Docker Compose environment

Docker Compose is a tool for defining and running multiple Docker container applications. With Compose you can configure your application service using a YAML file, and with a single command, you can deploy all of your configured services.

 Docker Compose
 sudo curl -L "https://github.com/docker/compose/releases/download/1.29.2/docker-compose-$(uname -s)-$(uname -m)" -o /usr/local/bin/docker-compose
 
 Change the file's permissions to executable
 chmod +x /usr/local/bin/docker-compose
 
 # verify information
docker-compose --version
Copy the code

3. Version preparation

component	version	Deployment way
elasticsearch	7.6.2	Docker Compose
logstash	7.6.2	Docker Compose
kibana	7.6.2	Docker Compose
zookeeper	latest	Docker Compose
kafka	latest	Docker Compose
filebeat	7.4.2	binary

4. Environment initialization

Run the following command:

You need to set the system kernel parameters, otherwise ES will not start due to insufficient memory
# change Settings
sysctl -w vm.max_map_count=262144
# make effective immediately
sysctl -p



Create the logstash directory and copy the logstash configuration file logstash.

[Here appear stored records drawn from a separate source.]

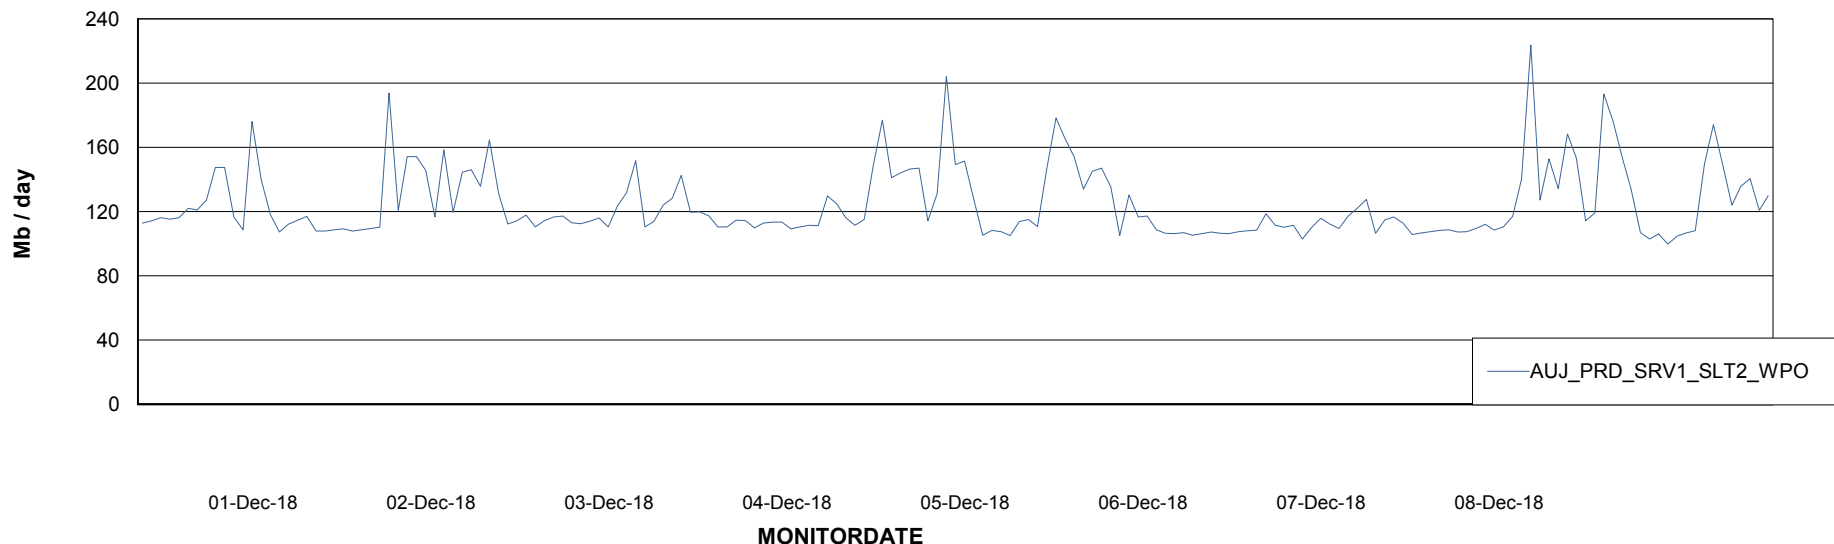

ABSSolute Web Component Services

Avg memory used per ABS Web component
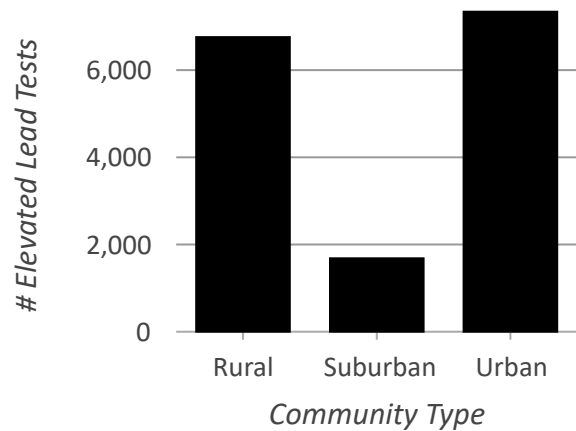

Elevated Lead Tests (2000-2013) by Community Type

February 2018
AHS.HealthyHomes@vermont.gov

* In this analysis, "Suburban" areas are considered as the non-urban portions of towns that have significant overlap with urban census blocks.

- Vermont Counties
- Vermont Towns
- Urban Areas (US Census Bureau)
- Suburban Areas
- Lake Champlain

Elevated Lead Tests

Residential Buildings
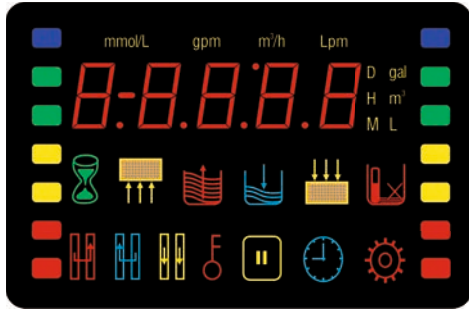

HARD WATER CAN BE HARD ON YOU

Hair Fall

Skin Damage

Scaling

**ENJOY THE GOODNESS
OF SOFT WATER**

Display screen for AutoSoft 1 & 2

Display screen for AutoSoft 3, 6 & 8

NanoSOFT
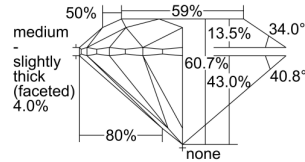

GIA®

FACSIMILE

GIA REPORT 7286861867

Verify this report at GIA.edu

GIA NATURAL DIAMOND DOSSIER®

April 19, 2018
GIA Report Number **7286861867**
Shape and Cutting Style ..... **Round Brilliant**
Measurements ..... **5.31 - 5.32 x 3.22 mm**

GRADING RESULTS

Carat Weight ..... **0.56 carat**
Color Grade ..... **F**
Clarity Grade **S12**
Cut Grade ..... **Excellent**

ADDITIONAL GRADING INFORMATION

Polish ..... **Excellent**
Symmetry ..... **Excellent**
Fluorescence ..... **None**
Clarity Characteristics ..... **Cloud**
Inscription(s): **GIA 7286861867**

PROPORTIONS

Profile to actual proportions

GRADING SCALES

GIA COLOR SCALE	GIA CLARITY SCALE	GIA CUT SCALE	
D	FLAWLESS	EXCELLENT	
E	INTERNALLY FLAWLESS		
F		VVS₁	VERY GOOD
G	VVS₂		
H	VS₁	GOOD	
I	VS₂		
J	S1₁	FAIR	
K	S1₂		
L	I₁	POOR	
M	I₂		
N	I₃		
O			
P			
Q			
R			
S			
T			
U			
V			
W			
X			
Y			
Z
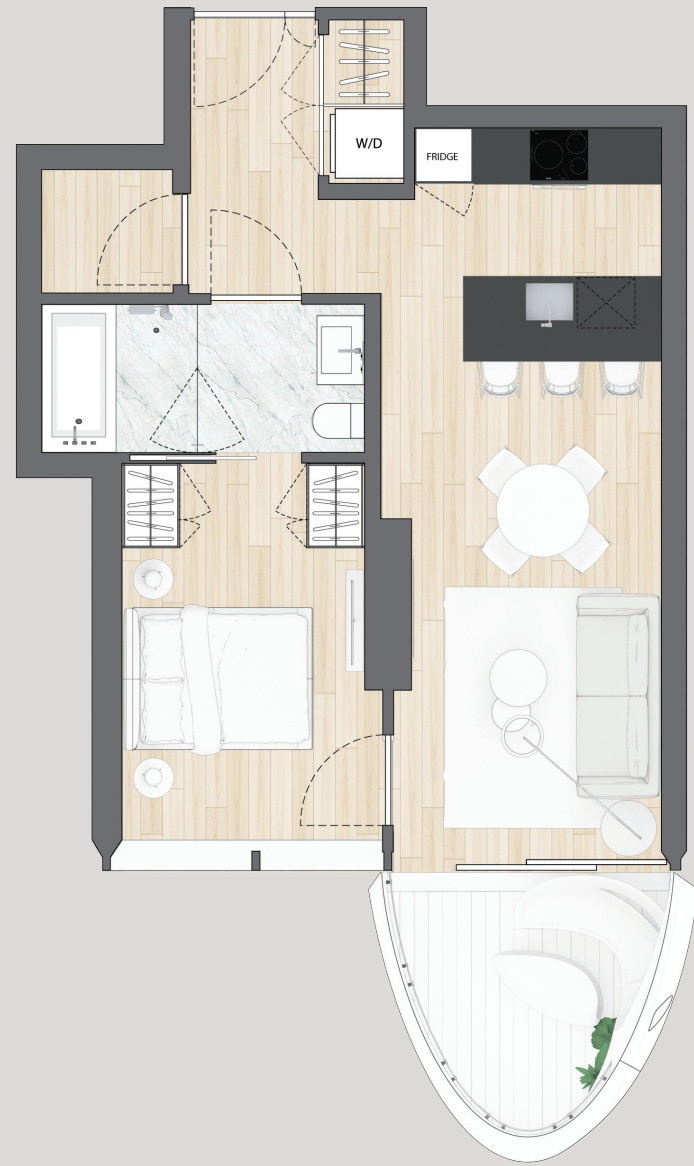

Casa 903

One Bedroom + Sanctuary
663 Total Square Feet
Floor 8 — 31

Dimensions, sizes, specifications, layouts and materials are approximate only and subject to change without notice. Interior square footage is combined with balcony square footage and included in total advertised square footage of the homes. Exterior walls and glazing, balcony configurations, fascia, guard-rails, screens and facade panel locations are approximate and vary in area and extent depending on the home. Please ask sales representative for details. E. & O. E.

Conf to this directory
mkdir -p /mydata/logstash

You need to create the elasticsearch/data directory and set permissions otherwise ES will fail to start with no permissions
mkdir -p /mydata/elasticsearch/data/
chmod 777 /mydata/elasticsearch/data/

Copy the code

5. Service installation

Docker-comemess. yml contains the following contents:

version: '3'
services:
  elasticsearch:
    image: Elasticsearch: 7.6.2
    container_name: elasticsearch
    user: root
    environment:
      - "cluster.name=elasticsearch" Set the cluster name to elasticSearch
      - "discovery.type=single-node" Start in single-node mode
    volumes:
      - /mydata/elasticsearch/plugins:/usr/share/elasticsearch/plugins The plugin file is mounted
      - /mydata/elasticsearch/data:/usr/share/elasticsearch/data Mount data files
      - /etc/localtime:/etc/localtime:ro
      - /usr/share/zoneinfo:/usr/share/zoneinfo
    ports:
      - 9200: 9200
      - 9300: 9300
    networks:
      - elastic

  logstash:
    image: Logstash: 7.6.2
    container_name: logstash
    environment:
      - TZ=Asia/Shanghai
    volumes:
      - /mydata/logstash/logstash.conf:/usr/share/logstash/pipeline/logstash.conf Mount the logstash configuration file
    depends_on:
      - elasticsearch # Kibana will start after ElasticSearch has started
    links:
      - elasticsearch:es You can use the es domain name to access elasticSearch
    ports:
      - 5044: 5044
    networks:
      - elastic

  kibana:
    image: Kibana: 7.6.2
    container_name: kibana
    links:
      - elasticsearch:es You can use the es domain name to access elasticSearch
    depends_on:
      - elasticsearch # Kibana will start after ElasticSearch has started
    environment:
      - "elasticsearch.hosts=http://es:9200" Set the address to access ElasticSearch
      - /etc/localtime:/etc/localtime:ro
      - /usr/share/zoneinfo:/usr/share/zoneinfo
    ports:
      - 5601: 5601
    networks:
      - elastic

  zookeeper:
    image: wurstmeister/zookeeper
    container_name: zookeeper
    volumes:
      - /mydata/zookeeper/data:/data
      - /mydata/zookeeper/log:/datalog
      - /etc/localtime:/etc/localtime:ro
      - /usr/share/zoneinfo:/usr/share/zoneinfo
    networks:
      - elastic
    ports:
      - "2181:2181"

  kafka:
    container_name: kafka
    image: wurstmeister/kafka
    depends_on:
      - zookeeper
    volumes:
      - /var/run/docker.sock:/var/run/docker.sock
      - /mydata/kafka:/kafka
      - /etc/localtime:/etc/localtime:ro
      - /etc/localtime:/etc/localtime:ro
    links:
      - zookeeper
    ports:
      - "9092:9092"
    networks:
      - elastic
    environment:
      - KAFKA_LISTENERS=INTERNAL://kafka:9092, OUT://kafka:29092
      - KAFKA_ADVERTISED_LISTENERS=INTERNAL://kafka:9092, OUT://kafka:29092
      - KAFKA_LISTENER_SECURITY_PROTOCOL_MAP=INTERNAL:PLAINTEXT,OUT:PLAINTEXT
      - KAFKA_INTER_BROKER_LISTENER_NAME=OUT
      - KAFKA_ZOOKEEPER_CONNECT=zookeeper:2181
      - KAFKA_MESSAGE_MAX_BYTES=2000000
      - KAFKA_CREATE_TOPICS=logs:1:1

networks:
  elastic:
Copy the code

To start all services, run the docker-compose up command on the Linux server where the file is uploaded.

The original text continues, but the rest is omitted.